Стеша не заставила себя долго ждать. Не успел я завезти санки со стоящими на них вёдрами во двор, где жили брат и сестра, как из соседнего дома выскочила знакомая девчонка. В платье, платке и валенках. За девчонкой бежала молодая женщина.

— Стеша! Стешка, ты куда⁈ Стой, оглашенная!

Стеша мать не слышала. Она неслась ко мне. Глаза сияли.

— Лечи!

Остановившись передо мной, Стеша сдёрнула с головы платок. Повернулась искалеченной стороной. Я вытянул вперёд руку.

Исцеление. Шрамы исчезли почти мгновенно, как не было. Подружка, позвавшая Стешу, ахнула и схватилась за щёки. Мать, подбежавшая к нам, узнала меня и изумленно остановилась поодаль.

— Ну? — поторопила Стеша. — Лечить-то будешь?

— Так всё уже. Вылечил.

Стеша посмотрела недоверчиво и схватилась за лицо — в том месте, где были шрамы. Ничего, кроме гладкой кожи, не нащупала и взвизгнула от радости. Бросилась ко мне. Роста, чтобы меня обнять, ей не хватало, я наклонился и взял девочку на руки.

— Долго ты, — с упреком сказала Стеша. — Я жду-жду! Лето ждала, осень. Уж и зима наступила — а тебя всё нет. Грушка со Стёпкой надо мной смеялись, — она метнула сердитый взгляд на соседей, брата и сестру, те отвели глаза. — Говорили, что не придёшь ты! И мамка с батей так же говорили, и бабка Матрёна. Что ты теперь важный охотник стал, про меня думать забыл. А я не верила и всё равно ждала.

— Погоди. Как ты сказала? «Верила»? «Матрёна»?

— Ага! — Стеша заулыбалась. — Я же тебе обещала, что «р» говорить научусь! Вот и научилась.

— Умница. И правильно делала, что ждала. Одна барышня целого принца дождалась, на корабле под алыми парусами. Хотя ей тоже никто не верил, и все смеялись. Но ты круче неё! Ты не просто ждала, а ещё и «р» говорить научилась. Теперь уж точно от женихов отбоя не будет.

Стеша засмеялась.

— А ты где был так долго?

— Да в общем-то не сказать, чтоб далеко. Просто других дел много было.

— Каких?

— Тварей убивал.

— Убил?

— Ага.

— Всех?

— Почти. Немного осталось.

— Это хорошо, — рассудила Стеша. — А когда ты всех тварей убьёшь, что делать будешь?

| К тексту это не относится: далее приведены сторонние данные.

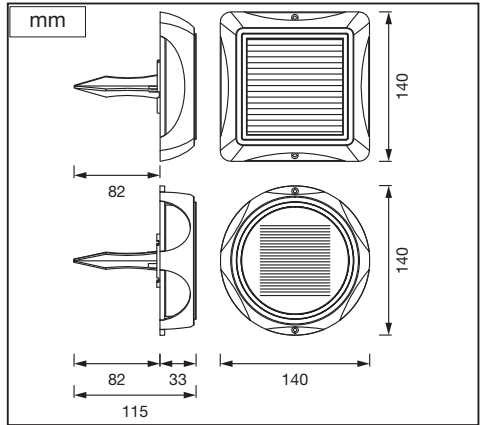

ENDURA® STYLE SOLAR

	EAN	W	lm Light Source	lm Output	K	°C (°C)	V _{DC}	∠ (°)	
ENDURA STYLE SOL UTILI SQ WNSP DG	4058075834729	1.2	200	10/40/60	3000	-20...+40	3.7	120	12500
ENDURA STYLE SOL UTILI RD WNSP DG	4058075834743	1.2	200	10/40/60	3000	-20...+40	3.7	120	12500

— Ой, не спрашивай. Вот уж кому не приходится задумываться, что делать, так это мне. Меня дела сами находят.

* * *

Яйца на дворцовой площади не было. Я кивнул, нисколько не удивившись. Молодец Разумовский. Если б у меня возле усадьбы такую полезную штуку бросили без догляду — я бы тоже прибарахлил. Ну что сказать — хорошее подспорье местным. Если технологии освоят, значит, и прогресс пойдёт быстрее. И качественнее. А прогресс — это хорошо, это радостно. Главное, чтобы в нужную сторону шёл.

Не думали не гадали инопланетные твари, что не только не завоюют Землю, но ещё, по итогу, оставят её с плюшками. Конечно, убитых не вернуть, уничтоженные культуры полностью не возродить, и это хреново. Но мы победили, а значит, мы сильнее. Сильнее тех тварей, что ещё недавно казались непобедимыми.

К дворцу я шёл от дома Ползунова. Переноситься сразу на место не стал — хотелось пройти, посмотреть, как живёт столица.

А столица вполне себе жила. Ржали лошади, перекрикивались люди, носились, играя, дети. Несколько раз я видел у них в руках золотые косточки. Да, тварей той ночью перебили столько, что немудрено было что-то упустить.

Разумовский встретил меня у входа. Поздоровались.

— Ты как знаешь, что я прийти собрался?

— Долго идёшь. А у меня глаза повсюду.

— Экий ты глазастый… Ну, идём, что ли?

Разумовский кивнул. Мы прошли в то самое помещение, где уже не раз я имел счастье встречаться с государыней императрицей. Она и сейчас была здесь. Не могла сдержать улыбки.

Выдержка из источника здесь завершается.